Back in the ancient world, papyrus sheets were glued together, and rolled up as scrolls, held horizontally (not vertically as they often are depicted in cartoons). These were the first books, originating in Egypt, and eventually spreading to Greece via the Semitic traders from Phoenicia (modern day Lebanon), from whom the Greeks adopted the alphabet, calling it Phoenician writing, from which we get the term phonetic. And from the Phoenician town of Byblos, the Greeks derived their word for book (and we get bible, bibliography, etc.), which originally referred to a single scroll. Using scrolls, you could only move forward or back in a very linear fashion, it was difficult to move around from one part of the document to another, kind of like how with videocassettes we have to fast forward or rewind, and have no random access to scenes the way we do with DVDs.

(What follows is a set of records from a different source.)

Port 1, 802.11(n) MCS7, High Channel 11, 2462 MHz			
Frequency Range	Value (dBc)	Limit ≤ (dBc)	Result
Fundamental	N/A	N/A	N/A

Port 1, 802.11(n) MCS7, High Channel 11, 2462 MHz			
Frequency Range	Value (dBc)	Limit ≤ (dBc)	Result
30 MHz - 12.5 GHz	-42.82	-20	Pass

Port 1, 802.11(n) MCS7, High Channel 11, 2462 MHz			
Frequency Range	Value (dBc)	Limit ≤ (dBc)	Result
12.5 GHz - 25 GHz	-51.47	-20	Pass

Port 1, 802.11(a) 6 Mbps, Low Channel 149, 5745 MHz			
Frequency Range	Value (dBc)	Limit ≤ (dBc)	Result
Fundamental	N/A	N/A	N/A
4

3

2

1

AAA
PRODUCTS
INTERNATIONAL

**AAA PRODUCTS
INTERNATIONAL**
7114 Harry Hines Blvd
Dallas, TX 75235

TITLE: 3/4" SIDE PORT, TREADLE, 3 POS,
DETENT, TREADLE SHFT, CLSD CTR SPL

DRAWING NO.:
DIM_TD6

So scrolls were naturally limited in length, for very practical reasons, and, for example, the books of the Bible, Genesis, Exodus, Leviticus, etc., were literally separate books at one time, separate scrolls (e.g., the Dead Sea Scrolls). You also find that ancient Greek texts of some length were divided into Book I, Book II, etc., because they actually were written on more than one scroll. Later, when bound books were introduced, they became effectively chapters or sections of the volume, so that "book" came to mean both the physical volume and in this older sense, a part of the volume. And sometimes the old sense would be retrieved for stylistic reasons, so for example Tolkien's Lord of the Rings is a single novel, but the publisher decided to publish it in 3 volumes, but it actually is subdivided into 6 "books" which are sections made up of several chapters each. So if you buy a copy of The Lord of the Rings in one volume, you have one book in the sense of a physical volume, made up of 3 books as they were originally published as separate volumes (The Fellowship of the Ring, The Two Towers, The Return of the King), but also divided into six sections that Tolkien called books, implying in his fictional history that they once existed as separate scrolls or volumes themselves, but those books really only exist as a stylistic subdivision.

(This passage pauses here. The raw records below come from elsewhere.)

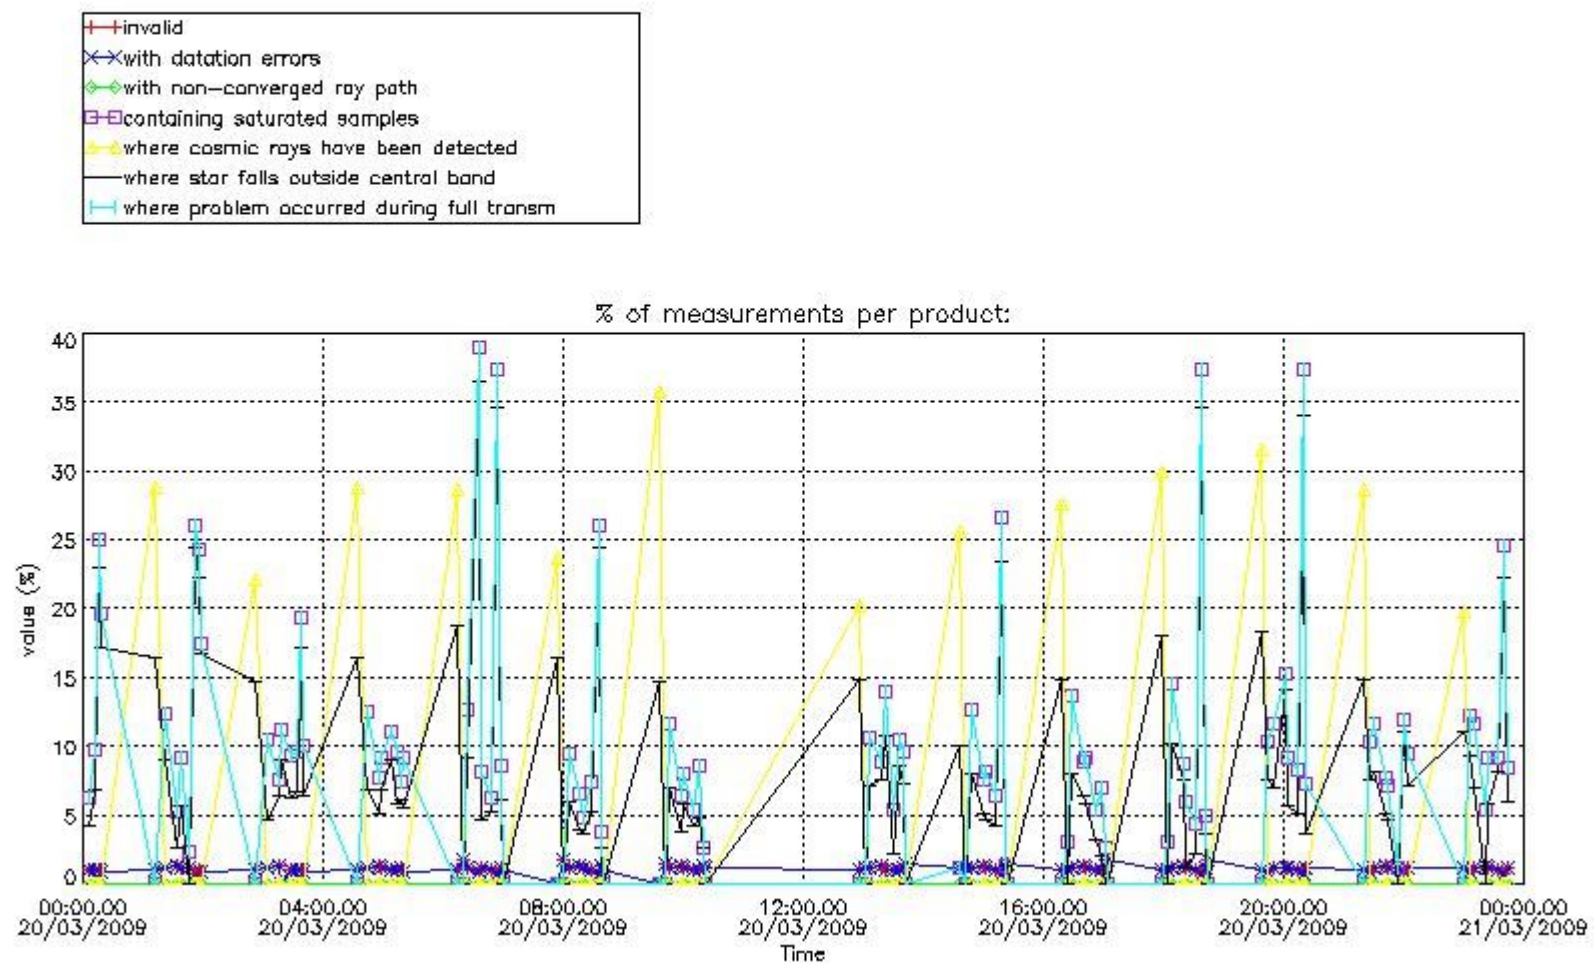

4.2 Plot quality information per product coming from level 1b processing (world map)

4.2.1 Plot level 1 quality information per product (world map): ENVISAT ASCENDING passes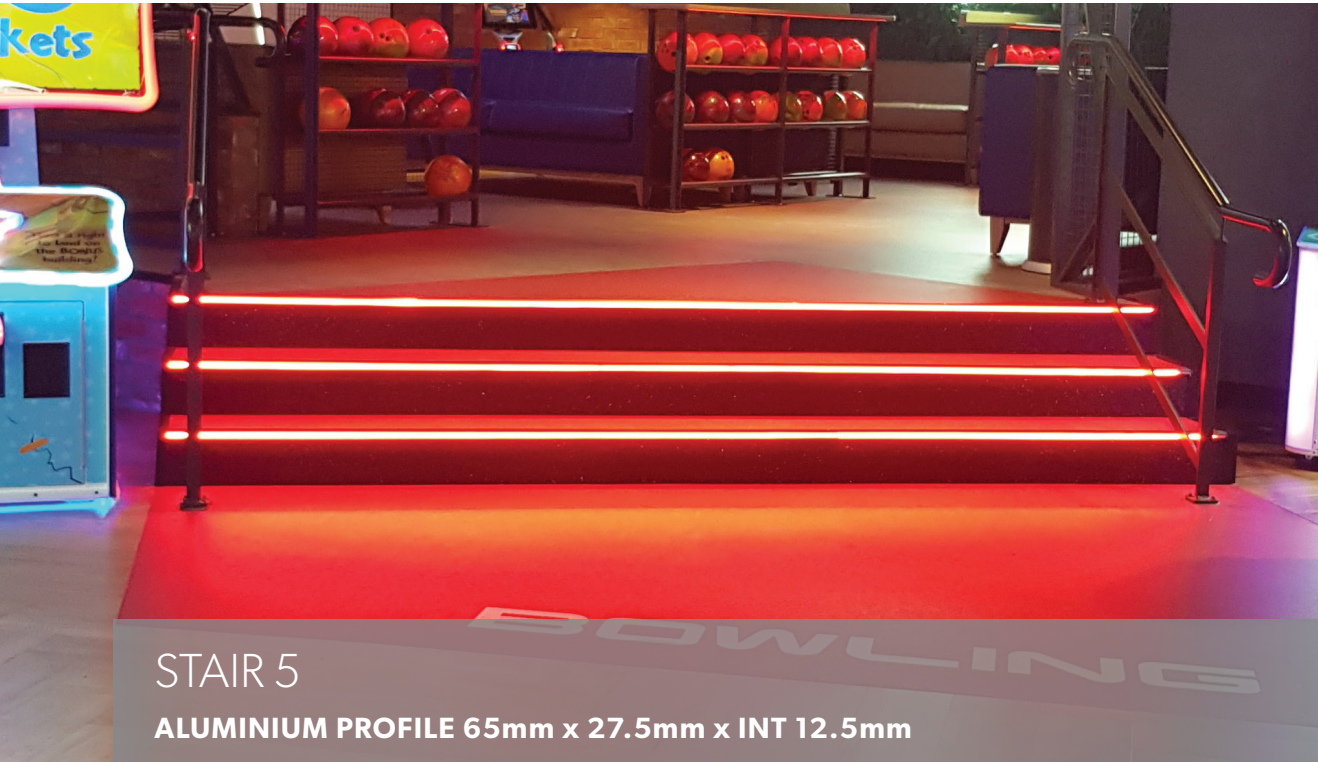

Aluminium Profile

STAIR 5

ALUMINIUM PROFILE 65mm x 27.5mm x INT 12.5mm

Stair 5 is an aluminium stair nosing with anti-slip rubber insert, that comes complete with an opal diffuser as standard.

It is suitable for residential and commercial installations where illumination of steps is important for safety and/or architectural decorative purposes. Stair 5 provides a wash of light down the riser and across the step.

Stair 5 is suitable for single rows of low to high output tapes, CCT, RGB, RGBW, RGB+W+WW, TW and IP rated tapes. Standard in 2m lengths in a black anodised finish.

This is an indent product. Please contact us for lead times.

ORDER CODE	DESCRIPTION
ICL-STAIR5	STAIR5 BLACK ALUMINIUM PROFILE WTH RUBBER INSERT
ICL-END-STAIR5	STAIR5 BLACK END CAPS

Industrial Commercial
Lighting is a New Zealand
owned and operated
lighting solutions company
based in the South Island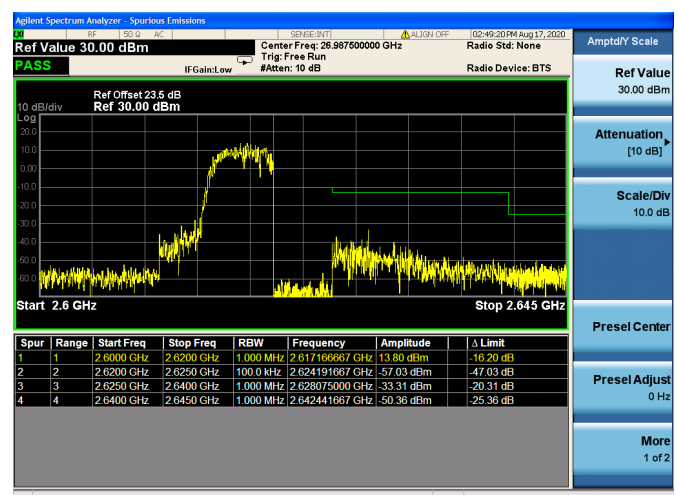

High FULL RB

Channel Bandwidth: 20MHz

Low 1RB

Low FULL RB

High 1RB

High FULL RB

LTE Band 38

Channel Bandwidth: 5MHz

Low 1RB

Low FULL RB

High 1RB

High FULL RB

Channel Bandwidth: 10MHz

Low 1RB

Low FULL RB

High 1RB

Scrolls could also be made of the more durable material of parchment, and it was during the Roman era that parchment pages were also bound together in the form of a codex, which was the first bound book, a new format that allowed for random access of individual pages. This new medium was adopted by the early Christian church, and became the basis of the medieval manuscript. As you may know, those manuscripts were quite large, heavy, bound in leather and sometimes metal as well. All documents had to be written by hand, and copied over and over again in various ways, sometimes via dictation. Mistakes were made, this was sometimes known as scribal corruption, but it is also true that scribes felt free to change the text as they saw fit, leave out parts they didn't like, add in whatever they wanted to, including incorporating comments others wrote in the margins. Even if just copying the text, no two copies would be exactly alike, and it was ok to create a new work that incorporated the work of older works. There was no sense of plagiarism or copyright, or of creating an entirely new, original work. Copies were generally made for personal use, or for the use of a small group. The making and selling of books was not a business.
The invention of printing changed all that.